Could you restate, word for word, the line that has "- 28 日 サービスデー" and all lines following it through the end of the entries below?

Source records:
#####
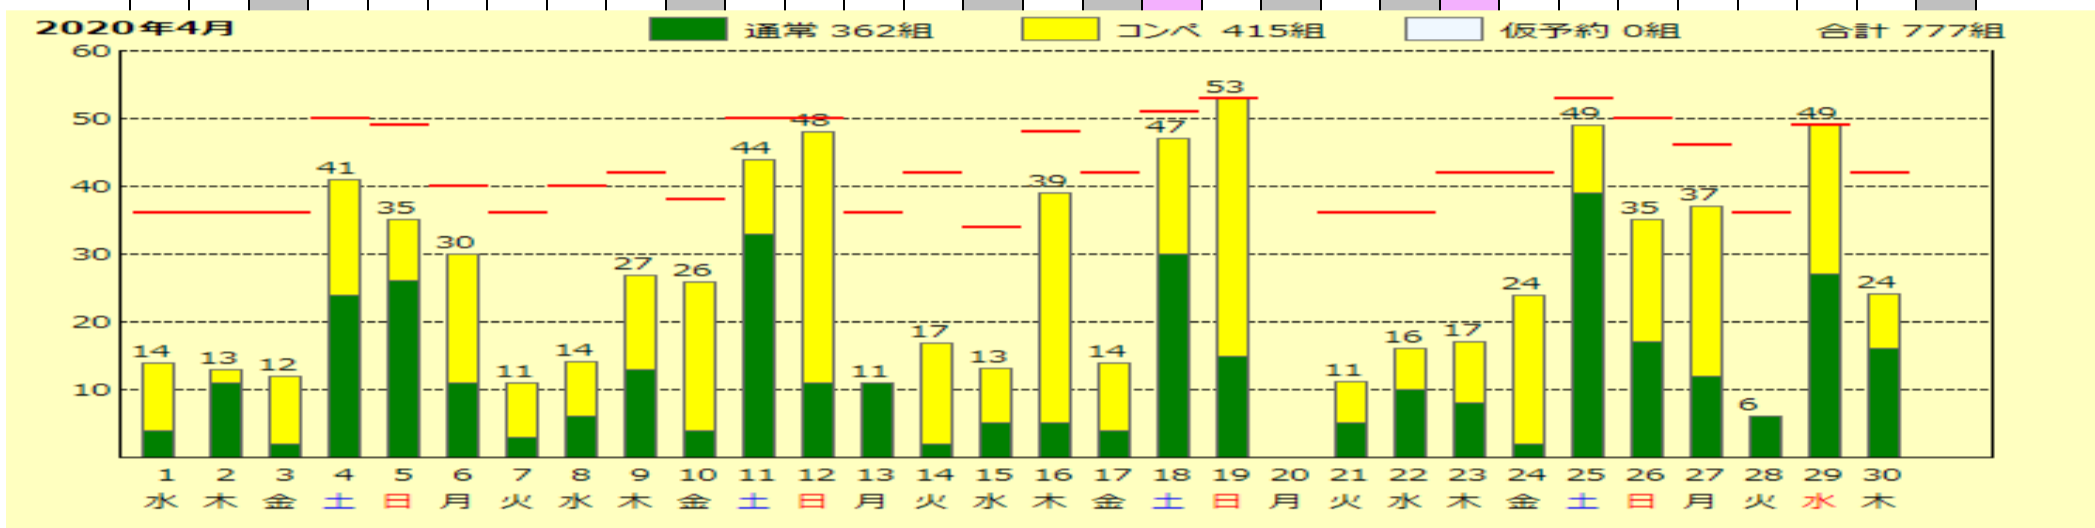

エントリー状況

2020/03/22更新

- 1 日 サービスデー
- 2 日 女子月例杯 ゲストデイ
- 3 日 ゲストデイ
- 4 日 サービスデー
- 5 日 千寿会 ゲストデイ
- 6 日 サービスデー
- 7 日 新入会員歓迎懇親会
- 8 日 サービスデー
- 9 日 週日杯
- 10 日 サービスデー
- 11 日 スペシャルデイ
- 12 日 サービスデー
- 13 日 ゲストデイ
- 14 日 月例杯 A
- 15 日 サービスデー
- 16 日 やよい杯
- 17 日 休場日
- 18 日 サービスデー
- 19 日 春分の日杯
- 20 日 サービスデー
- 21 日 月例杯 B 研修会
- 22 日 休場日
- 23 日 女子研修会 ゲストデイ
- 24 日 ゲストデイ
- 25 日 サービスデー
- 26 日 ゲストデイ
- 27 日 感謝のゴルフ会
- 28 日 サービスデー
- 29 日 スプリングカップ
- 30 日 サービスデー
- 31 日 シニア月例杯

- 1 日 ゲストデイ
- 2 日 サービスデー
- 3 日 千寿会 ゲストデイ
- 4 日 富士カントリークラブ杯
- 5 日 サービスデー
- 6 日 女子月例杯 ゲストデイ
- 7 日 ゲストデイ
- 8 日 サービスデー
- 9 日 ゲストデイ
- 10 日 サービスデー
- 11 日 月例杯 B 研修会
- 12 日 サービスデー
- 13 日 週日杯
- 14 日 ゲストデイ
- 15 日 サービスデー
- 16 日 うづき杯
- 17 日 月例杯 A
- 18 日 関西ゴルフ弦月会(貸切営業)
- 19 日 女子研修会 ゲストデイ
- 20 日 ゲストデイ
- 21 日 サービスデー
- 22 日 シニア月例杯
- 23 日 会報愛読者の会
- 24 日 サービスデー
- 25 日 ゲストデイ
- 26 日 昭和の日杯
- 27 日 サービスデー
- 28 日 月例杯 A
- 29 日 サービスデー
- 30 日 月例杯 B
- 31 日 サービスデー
#####
• **OUTPUT BELOW**
- 28 日 サービスデー
- 29 日 スプリングカップ
- 30 日 サービスデー
- 31 日 シニア月例杯

- 1 日 ゲストデイ
- 2 日 サービスデー
- 3 日 千寿会 ゲストデイ
- 4 日 富士カントリークラブ杯
- 5 日 サービスデー
- 6 日 女子月例杯 ゲストデイ
- 7 日 ゲストデイ
- 8 日 サービスデー
- 9 日 ゲストデイ
- 10 日 サービスデー
- 11 日 月例杯 B 研修会
- 12 日 サービスデー
- 13 日 週日杯
- 14 日 ゲストデイ
- 15 日 サービスデー
- 16 日 うづき杯
- 17 日 月例杯 A
- 18 日 関西ゴルフ弦月会(貸切営業)
- 19 日 女子研修会 ゲストデイ
- 20 日 ゲストデイ
- 21 日 サービスデー
- 22 日 シニア月例杯
- 23 日 会報愛読者の会
- 24 日 サービスデー
- 25 日 ゲストデイ
- 26 日 昭和の日杯
- 27 日 サービスデー
- 28 日 月例杯 A
- 29 日 サービスデー
- 30 日 月例杯 B
- 31 日 サービスデー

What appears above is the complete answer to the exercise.